It is reported that only 10% of people who invest in the stock market win or become successful, the other 90% lose their money. Losing money in the stock market is normal, so this means that you will most likely lose money at one point or another.
The question that remains on people’s minds is where does the money go after you lose it. For starters, you don’t lose money, you lose stock value, because you can’t earn money if you don’t sell the shares you own. Stock prices are not the same as money; usually an estimate of the value of the stock.
When a company goes public it releases a number of shares which are valued at a certain amount, once you buy the number of shares you can afford, you become part of the company.
When the company’s earnings are good, the market value of the stock goes up, meaning that when you sell the shares you own, you will make a profit. Vice versa, when a company’s income decreases due to certain factors, the value of a stock will decrease so that the sale of the stock will not generate a profit. That’s how the stock market works.
Company Not In The Picture
Once the money runs out, the company that issued the shares doesn’t get any money. The primary market is the initial transaction between the company that issued the shares and you as the buyer. This is the only time the company can receive money from you. Although, the company can buy back all the shares, you have the right to sell the shares at any time you want. The company does not receive anything from the shares whether the market value is good or not.
Is the Money Lost?
Regardless of whether the market appreciates or depreciates, it is the forces of supply and demand that determine whether you will lose or gain money. Back to the question, once you lose in the stock market, the money is not lost; the value of a depreciating stock that may be lower than its original price.
Reasons Why People Lose In The Stock Market
Before you can understand where money is going in the stock market, you need to understand why people lose first.
People lose money due to unpredictable market values; once the company is negatively affected by internal or external factors, the company’s income goes down, then the market value of the stock goes down.
The timing of the investment in the market affects the gain or loss of the value of the stock; investing during a recession is rewarding, you will have your stock at a bargain price.

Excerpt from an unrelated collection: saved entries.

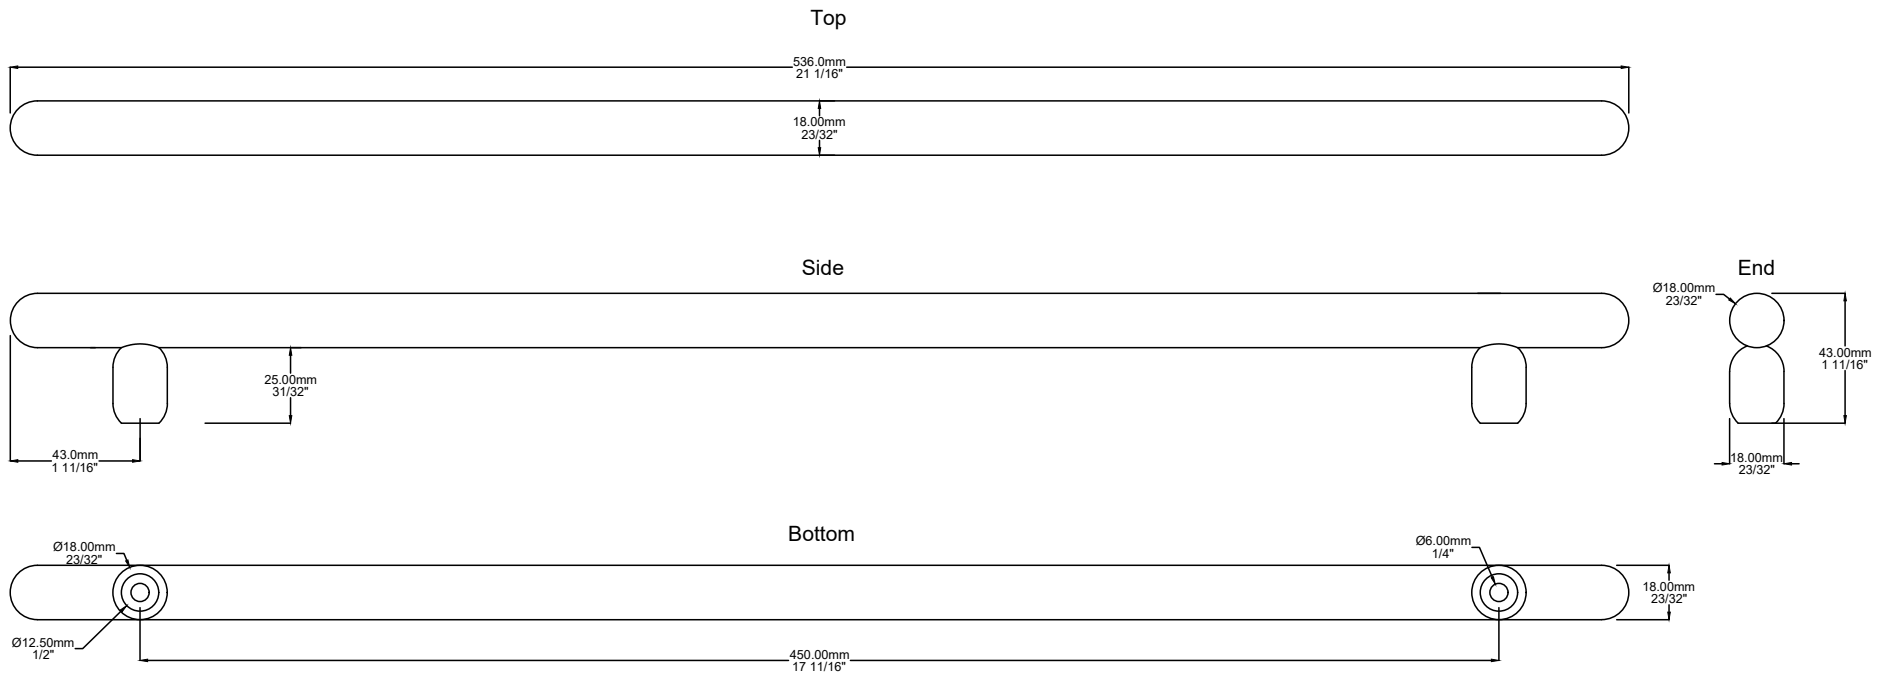

Cabinet Pull Puerto L536xW18xP43mm CTC450mm

Created for life.
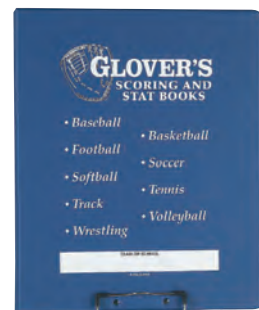

BSQ7

GLOVER'S

GLOVER'S BINDER

Holds all Glover's scoring and stat sheets (sold separately). Sturdy, durable binder provides a firm writing surface for scoring. Includes strong, low-profile grip clip on the front, and pockets for schedules, addresses, player rosters, etc. With pencil holders. 15 1/2" x 13". USA
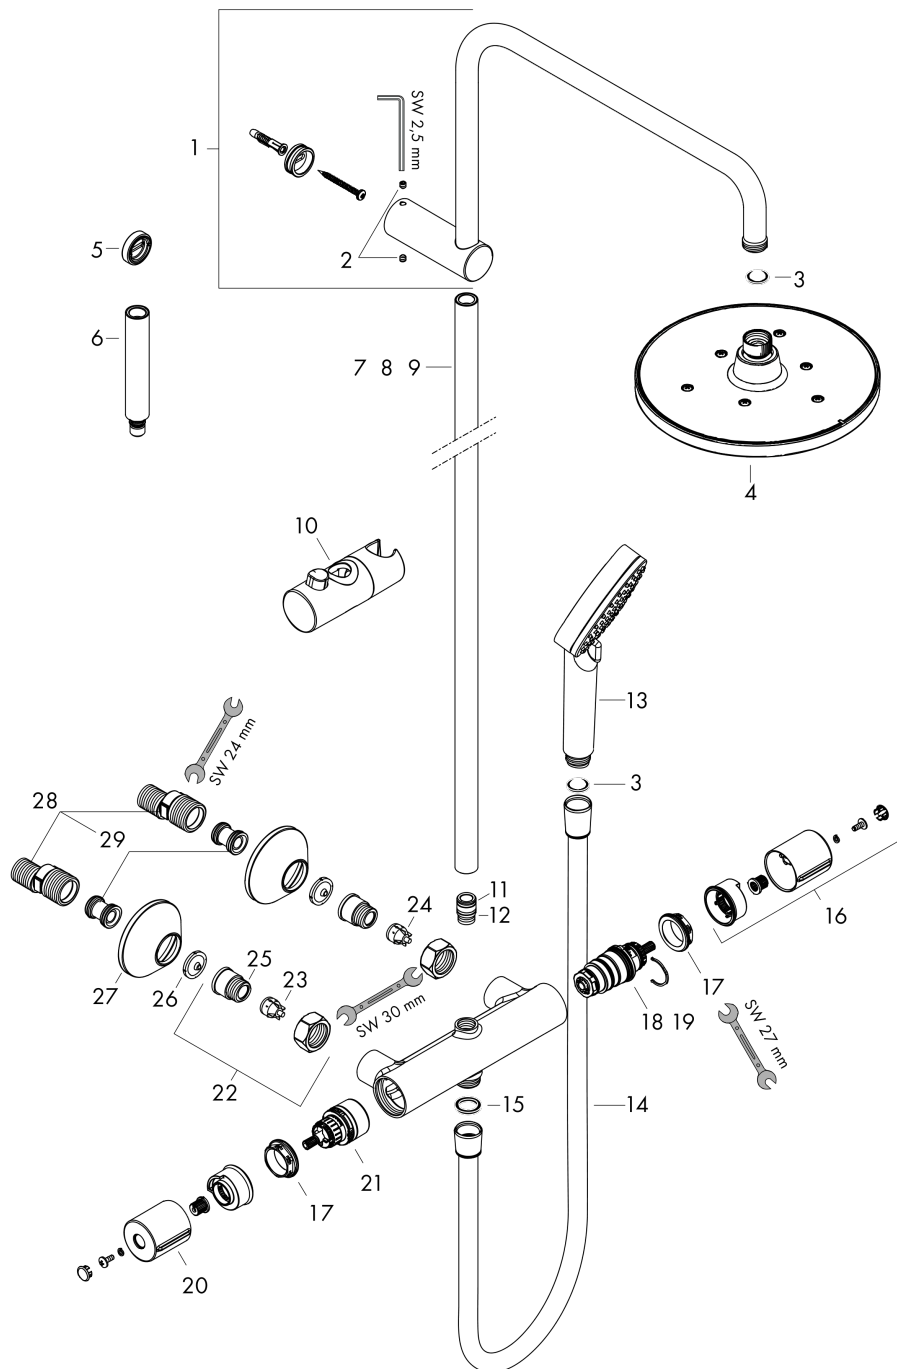

Vernis Blend
Showerpipe 200 1jet with thermostat
Surfaces: **matt black** Art. no. : **26276670**

Exploded Drawing

Year of production: >04/21

Vernis Blend

Showerpipe 200 1jet with thermostat

Surfaces: **matt black** Art. no. : **26276670**

Spare part list

Year of production: >04/21

Pos.	Description	Art. no.	Price	PU
1	shower arm	93768670	-	1
2	hollow set screw M5x5	98446000	-	1
3	filter packing	94246000	-	1
4	head shower	26271670	-	1
5	tile-matching-disk 7 mm	93813670	-	1
6	extension 100 mm	94164670	-	1
7	pipe 845 mm	93906670	-	1
8	pipe 945 mm	93770670	-	1
9	pipe 1145 mm	93907670	-	1
10	support, assy	93729670	-	1
11	O-ring 12x2	98214000	-	1
12	O-ring 11x2	98127000	-	1
13	handshower	26270670	-	1
14	shower hose Isiflex'B 1,60 m	28276670	-	1
15	seal	98058000	-	1
16	handle for thermostat	93727670	-	1
17	nut	98913000	-	1
18	thermostat cartridge	98282000	-	1
19	cartridge for exchanged connections	92373000	-	1
20	handle	93731670	-	1
21	shut off unit with selector	98283000	-	1
22	connecting thread G½	93730670	-	1
23	non return valve (pressure-resistant up to 2 MPa)	93136000	-	1
24	non return valve	96737000	-	1
25	O-ring 16x2	98133000	-	1
26	filter packing	96922000	-	1
27	escutcheon Ø 70 mm	93718670	-	1
28	set of S-unions (±12 mm)	94140000	-	1
29	noise reduction	96429000	-	1
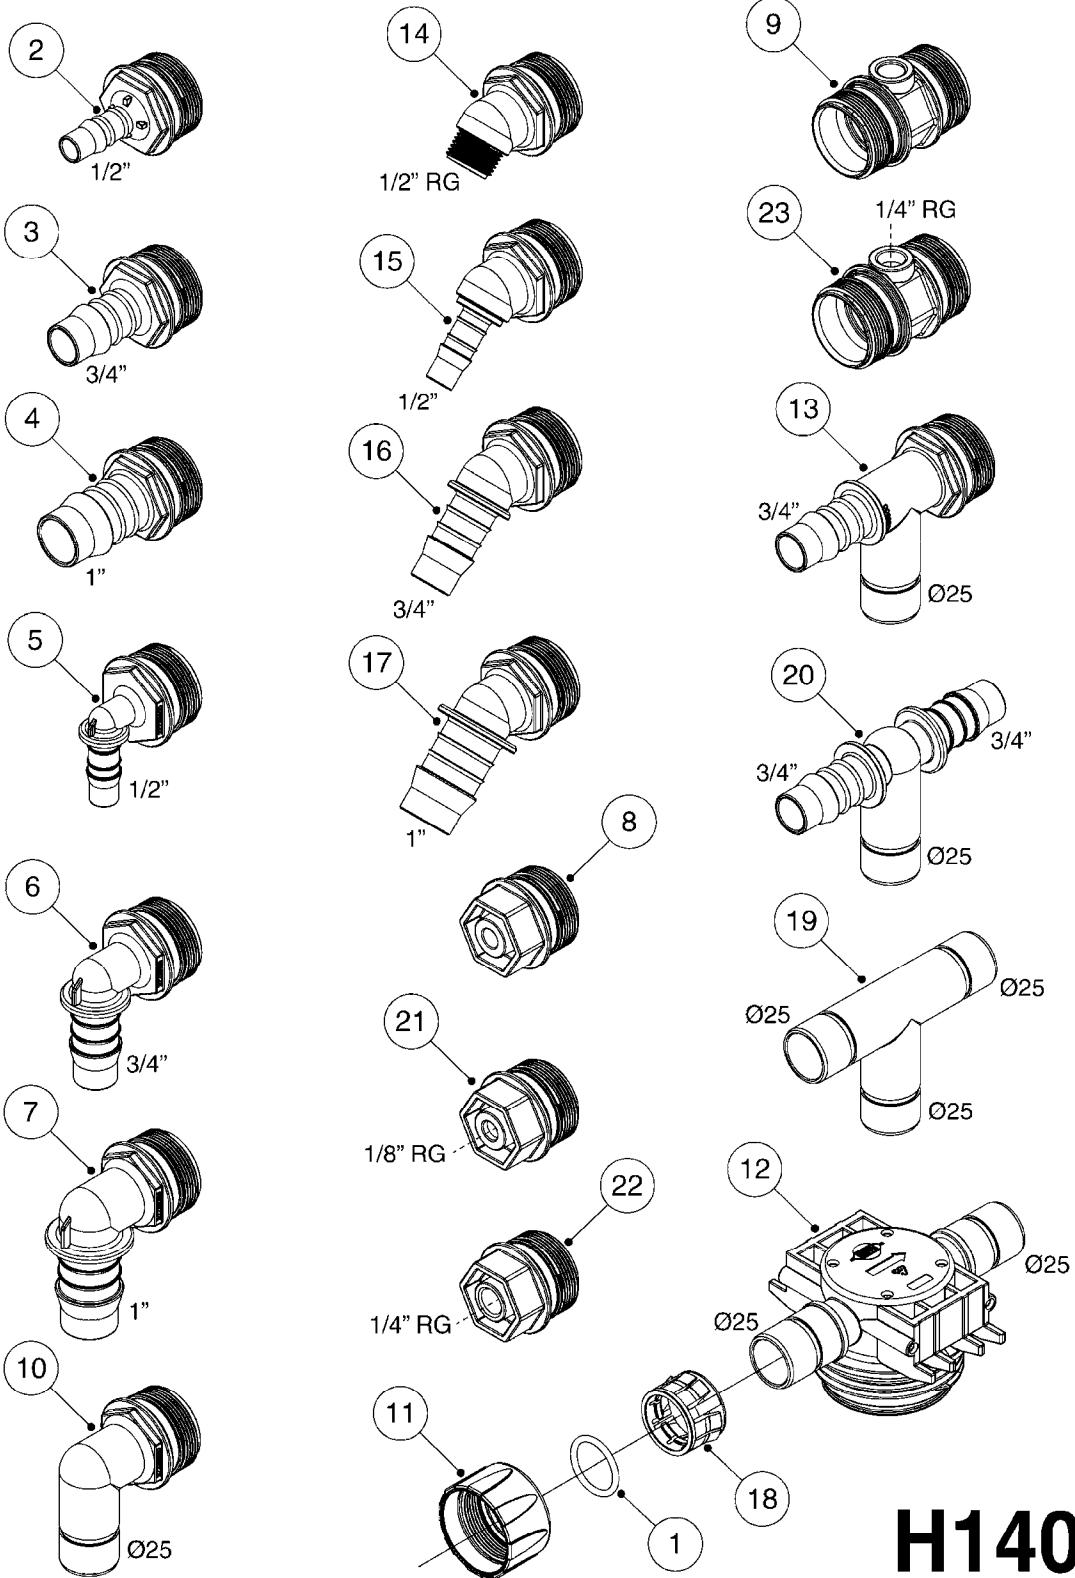

H130

HOSE CLAMPS
H130-HIN, 05:07:11

Page 1

Date 06.04.2015 10:22

parts-n°	order qty	description
334531	1	CLAMP HOSE PLASTIC 3/4"
334533	1	CLAMP HOSE PLASTIC 3/8"
334534	1	CLAMP HOSE PLASTIC 1/2"
334680	1	CLAMP HOSE PLASTIC 1"
334686	1	CLAMP HOSE PLASTIC 5/16"
341291	1	RUBBER HOSE CLAMP COVER 130MM
341292	1	RUBBER HOSE CLAMP COVER 180MM
341301	1	RUBBER HOSE CLAMP COVER 230MM
28029803	1	CLAMP HOSE GEAR P1/2" 6708
28029903	1	CLAMP HOSE GEAR P3/4"-S1" 6712
28030003	1	CLAMP HOSE GEAR P1" 6716
28030103	1	CLAMP HOSE GEAR P5/4-S1.5"6724
28030203	1	CLAMP HOSE T-BOLT S2" 235-67
28030303	1	CLAMP HOSE T-BOLT S2.5" 235-76
28030403	1	CLAMP HOSE T-BOLT S3" 235-82

Being too hasty; it takes patience to be able to get your investment back in the stock market. Most new investors usually trade in haste because they want to make money fast. The stock market does not provide fast money. You have to develop patience if you want to make a profit.
How to Avoid Losing Money
It is important that you learn how to avoid losing money in the stock market. This way you will ensure that you get your profits back. Below are tips to help you avoid losing money;
1. Identify And Observe Market Phases
Market phase refers to the trading time or trend of the stock. If you are unable to understand the phases of the market, you may end up investing using the wrong indicators. Therefore, it is important for you to observe the market phase. Don’t buy a stock based on its past performance. The value of the stock is based on economic performance. This means that the stock may rise during certain periods of time and fall at other times.
2. Take Emotions Out of the Equation
In the stock market, if you want to make money, you trade first and ask questions later. If you have a rising stock, sell it in a flash and don’t argue about it. This is because the market is unpredictable and stock values can depreciate quickly. You also have to be patient, don’t get out of the game because you lost money in the first round. That’s the nature of business.
3. Observe Before Trading
If you are new to the stock market, it is recommended that you learn the basics before investing. This will help you avoid errors that can cause serious problems. It’s also a good idea to observe stock trends before buying or selling stocks.
Losing money is inevitable in the stock market. What matters is not the fact that you lost money or where it went, but how to avoid the mistakes you made earlier.